All I can say to this is buy a book on rollers .


----------



## tipllers rule (Aug 2, 2010)

ya iiwas just getting a little confused


----------



## Bezz (Dec 12, 2008)

When let my rollers out they all go up tumble newmorous times until the are in Heaven.

When they are that high it seems that the dont tumble as much anymore.

After 40min. when they come lower they start rolling again.

What is the reason for this, are they scared of hights? Or do i feed them wrongly?

Thanks 

Bezz


----------



## 2y4life (Apr 5, 2010)

Spinners/rollers are the one and the same. 

As for how high they fly and how they roll, most of that has to do with genetics and *feed*.


----------



## velo99 (Apr 8, 2007)

Difference between spin and roll is speed. If you can count the the revolutions its a roll if you can't its a spinner.


----------



## george simon (Feb 28, 2006)

*One must understand the term Spinner it a type of roll that is the most sort after by those that compete in roller flys. In his book The Birmingham Roller Pigeon, William H Pensom, describes some of the types of roll, the plate roller,the medium roller,the tumbler,the twizzler." TUMBLING AND ROLLING ANALYSIS:, To convey to anybody anything like an accurate illustration of the numerous grades of aerial acrobatics to be found among these pigeons, is little short of an impossible task." end of quote. All I can say is if you are truly intrested in these roller types you best get books on the subject I know of 5 books that JEDDS sells,the before named book is one and it priced at 11.95, its 131 pages long. * GEORGE


----------



## velo99 (Apr 8, 2007)

One must also understand the difference between roll and tumble. It's more than semantics. It's the difference between a clean smooth spin and the bird fighting its instinctive desire to roll. A roller that commits to the roll performs at completely different level than a tumbler.
It's comparing oranges to apples.


----------



## Bezz (Dec 12, 2008)

2y4life said:


> Spinners/rollers are the one and the same.
> 
> As for how high they fly and how they roll, most of that has to do with genetics and *feed*.


Hi

My rollers spin/roll about 10-15metres when they do, but more frequintly at a lower altitude. When they go high, almost out of sight, they dont roll but just fly without rolling as much.

Any tips on to let them stay at a lower altitude?

Thanks

Bezz


----------



## 2y4life (Apr 5, 2010)

Bezz, your probably is 99% feed related. How long are the birds flying for when you let them out? Ideally, your birds should be flying no more than 30-45mins max if they are yearlings or older. Let me know.


----------



## Bezz (Dec 12, 2008)

2y4life said:


> Bezz, your probably is 99% feed related.
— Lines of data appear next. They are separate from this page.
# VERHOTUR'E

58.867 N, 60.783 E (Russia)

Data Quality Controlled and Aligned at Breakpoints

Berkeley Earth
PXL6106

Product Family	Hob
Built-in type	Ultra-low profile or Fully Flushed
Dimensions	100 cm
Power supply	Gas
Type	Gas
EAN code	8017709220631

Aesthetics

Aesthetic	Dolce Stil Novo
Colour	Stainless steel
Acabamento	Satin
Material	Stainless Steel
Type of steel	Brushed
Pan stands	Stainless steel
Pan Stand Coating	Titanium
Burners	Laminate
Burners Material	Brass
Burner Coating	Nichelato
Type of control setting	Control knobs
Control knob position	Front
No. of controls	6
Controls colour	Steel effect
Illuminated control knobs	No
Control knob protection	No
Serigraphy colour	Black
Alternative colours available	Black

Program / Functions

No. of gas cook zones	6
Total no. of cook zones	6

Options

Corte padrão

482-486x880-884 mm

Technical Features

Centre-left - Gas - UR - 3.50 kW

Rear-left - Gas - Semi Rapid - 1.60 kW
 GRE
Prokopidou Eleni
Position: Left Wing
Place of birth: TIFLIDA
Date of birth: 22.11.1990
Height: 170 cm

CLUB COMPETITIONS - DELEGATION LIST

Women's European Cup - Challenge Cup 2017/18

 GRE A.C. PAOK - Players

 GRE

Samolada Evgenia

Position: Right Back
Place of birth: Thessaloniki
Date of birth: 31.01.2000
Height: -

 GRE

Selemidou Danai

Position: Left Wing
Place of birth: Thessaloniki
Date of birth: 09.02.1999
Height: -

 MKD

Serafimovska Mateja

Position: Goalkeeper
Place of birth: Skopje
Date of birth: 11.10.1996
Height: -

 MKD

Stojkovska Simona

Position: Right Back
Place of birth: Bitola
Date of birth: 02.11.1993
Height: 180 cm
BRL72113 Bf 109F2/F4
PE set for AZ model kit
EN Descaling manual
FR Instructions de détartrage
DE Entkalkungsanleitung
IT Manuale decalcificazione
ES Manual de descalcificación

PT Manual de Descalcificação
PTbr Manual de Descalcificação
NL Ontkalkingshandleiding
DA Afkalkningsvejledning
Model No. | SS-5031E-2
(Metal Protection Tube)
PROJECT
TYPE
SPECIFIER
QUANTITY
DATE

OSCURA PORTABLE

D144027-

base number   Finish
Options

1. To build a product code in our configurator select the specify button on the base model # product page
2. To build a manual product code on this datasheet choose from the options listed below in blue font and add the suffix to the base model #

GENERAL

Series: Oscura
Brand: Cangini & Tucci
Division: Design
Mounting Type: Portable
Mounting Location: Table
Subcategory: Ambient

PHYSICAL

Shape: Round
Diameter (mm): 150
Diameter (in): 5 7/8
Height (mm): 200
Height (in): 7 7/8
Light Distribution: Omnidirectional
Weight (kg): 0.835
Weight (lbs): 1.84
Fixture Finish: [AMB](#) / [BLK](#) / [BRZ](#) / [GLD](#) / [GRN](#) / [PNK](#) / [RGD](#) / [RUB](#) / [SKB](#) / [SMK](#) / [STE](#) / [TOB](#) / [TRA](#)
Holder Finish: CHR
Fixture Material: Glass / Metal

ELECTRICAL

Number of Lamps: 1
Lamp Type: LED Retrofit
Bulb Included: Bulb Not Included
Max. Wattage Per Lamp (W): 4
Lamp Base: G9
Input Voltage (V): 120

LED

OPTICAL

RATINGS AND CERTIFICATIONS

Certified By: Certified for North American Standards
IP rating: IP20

How long are the birds flying for when you let them out? Ideally, your birds should be flying no more than 30-45mins max if they are yearlings or older. Let me know.


You are spot on!

They only fly about 40mins and then they want to come down and land.
The oldest ones are 6 months and the youngest 2 weeks weened.

The parents even fly with them, but 3 is giving me troubles, so before i let them out to fly, i catch those 3 out and hold them in a basket.

Bezz


----------



## 2y4life (Apr 5, 2010)

Bezz, if they're flying around 40 mins, that's not bad at all. So the amount of feed being fed is very close to where you'd like. 
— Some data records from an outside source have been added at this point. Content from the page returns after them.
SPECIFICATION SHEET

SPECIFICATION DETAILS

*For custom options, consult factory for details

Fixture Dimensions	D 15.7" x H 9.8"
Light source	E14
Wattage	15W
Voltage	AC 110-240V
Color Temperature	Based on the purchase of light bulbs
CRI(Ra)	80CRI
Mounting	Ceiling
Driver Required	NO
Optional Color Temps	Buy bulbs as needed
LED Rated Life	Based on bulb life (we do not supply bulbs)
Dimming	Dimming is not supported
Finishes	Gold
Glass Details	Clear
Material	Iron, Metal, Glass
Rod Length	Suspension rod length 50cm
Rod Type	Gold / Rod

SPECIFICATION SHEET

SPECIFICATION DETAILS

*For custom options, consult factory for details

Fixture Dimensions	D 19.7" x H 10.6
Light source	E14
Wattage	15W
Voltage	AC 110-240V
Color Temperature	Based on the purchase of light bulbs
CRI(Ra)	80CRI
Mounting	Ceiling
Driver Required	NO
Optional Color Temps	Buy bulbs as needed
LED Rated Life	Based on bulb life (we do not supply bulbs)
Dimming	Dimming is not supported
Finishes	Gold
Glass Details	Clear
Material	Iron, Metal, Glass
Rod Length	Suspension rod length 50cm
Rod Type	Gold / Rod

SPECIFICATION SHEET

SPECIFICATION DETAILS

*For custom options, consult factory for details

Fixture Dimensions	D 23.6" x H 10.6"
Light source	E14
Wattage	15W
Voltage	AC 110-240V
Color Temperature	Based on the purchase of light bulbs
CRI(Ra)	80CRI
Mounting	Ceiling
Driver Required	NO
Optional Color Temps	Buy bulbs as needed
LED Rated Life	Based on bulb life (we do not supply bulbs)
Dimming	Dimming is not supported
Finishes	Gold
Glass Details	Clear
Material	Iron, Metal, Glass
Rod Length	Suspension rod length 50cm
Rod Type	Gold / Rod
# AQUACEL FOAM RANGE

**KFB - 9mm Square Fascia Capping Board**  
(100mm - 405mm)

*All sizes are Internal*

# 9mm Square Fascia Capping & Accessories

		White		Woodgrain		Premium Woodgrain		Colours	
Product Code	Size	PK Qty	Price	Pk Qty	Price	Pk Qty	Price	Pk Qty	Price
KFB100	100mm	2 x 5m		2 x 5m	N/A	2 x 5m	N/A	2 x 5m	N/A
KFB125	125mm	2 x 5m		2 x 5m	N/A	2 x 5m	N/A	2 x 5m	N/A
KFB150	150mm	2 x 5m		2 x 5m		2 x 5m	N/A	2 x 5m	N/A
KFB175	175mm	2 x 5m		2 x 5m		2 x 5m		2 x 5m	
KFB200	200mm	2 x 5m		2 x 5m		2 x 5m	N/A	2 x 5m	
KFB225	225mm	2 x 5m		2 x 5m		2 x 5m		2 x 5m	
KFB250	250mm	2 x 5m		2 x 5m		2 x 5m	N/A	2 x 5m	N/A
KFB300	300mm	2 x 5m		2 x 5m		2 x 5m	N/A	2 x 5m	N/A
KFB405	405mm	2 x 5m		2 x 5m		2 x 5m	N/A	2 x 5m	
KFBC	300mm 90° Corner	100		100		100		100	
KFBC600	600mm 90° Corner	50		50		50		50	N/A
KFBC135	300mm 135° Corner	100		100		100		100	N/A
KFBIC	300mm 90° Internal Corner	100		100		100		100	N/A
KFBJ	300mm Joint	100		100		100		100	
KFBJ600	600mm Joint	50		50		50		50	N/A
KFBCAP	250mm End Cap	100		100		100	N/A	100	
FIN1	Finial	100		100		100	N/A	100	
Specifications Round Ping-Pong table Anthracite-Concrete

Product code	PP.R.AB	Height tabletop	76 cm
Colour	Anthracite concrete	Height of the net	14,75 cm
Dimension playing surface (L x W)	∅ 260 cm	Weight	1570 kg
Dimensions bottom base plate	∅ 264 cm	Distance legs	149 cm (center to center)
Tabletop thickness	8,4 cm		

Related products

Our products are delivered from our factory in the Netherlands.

Now tell me, what do you feed your birds? What seeds/grains? How much and how often? When do you fly the birds and lastly, who did you get your birds from? Do you know what family/strain they are from?


----------



## Bezz (Dec 12, 2008)

2y4life said:


> Bezz, if they're flying around 40 mins, that's not bad at all. So the amount of feed being fed is very close to where you'd like.
> 
> Now tell me, what do you feed your birds? What seeds/grains? How much and how often? When do you fly the birds and lastly, who did you get your birds from? Do you know what family/strain they are from?


Hi

I feed them a mix of 1xHemp,2xWheat and 3xRed Caffercorn(Milo) 12grams AM and 17grams PM. 

I fly them in the mornings, then feed them when they go into the loft and fly them if time permits, again in the afternoon, feeding them again when they go into the loft.

I got my birds from a friend who is actually into racing pigeons, he only kept them for entertainment. He told me that they are from a bloke named Ken White who i dont know.

Bezz


----------



## 2y4life (Apr 5, 2010)

If your birds are indeed anyhow related to Ken White birds, you are in very good hands. The man is a legend in the UK and basically on par with a Pensom here in the US.

I'm not sure if Mr. White is still alive but he was a top notch flyer and probably the best flyer for a while in the 60s and 70s. 

I forgot to ask, by the way, how many birds are you flying? The amount of feed is very important but it is dependent on the number of the birds. So just to be clear, you are feeding 1 portion of hemp, two portions of wheat, and 3 portions of milo?

There may not be a problem at all with your birds "skying" out or flying high. Remember, your birds are very young. Most birds develop around 6-12 months so it's hard to really evaluate anything that's less than 8 months old or so (generally speaking as it differs from one family to the next). 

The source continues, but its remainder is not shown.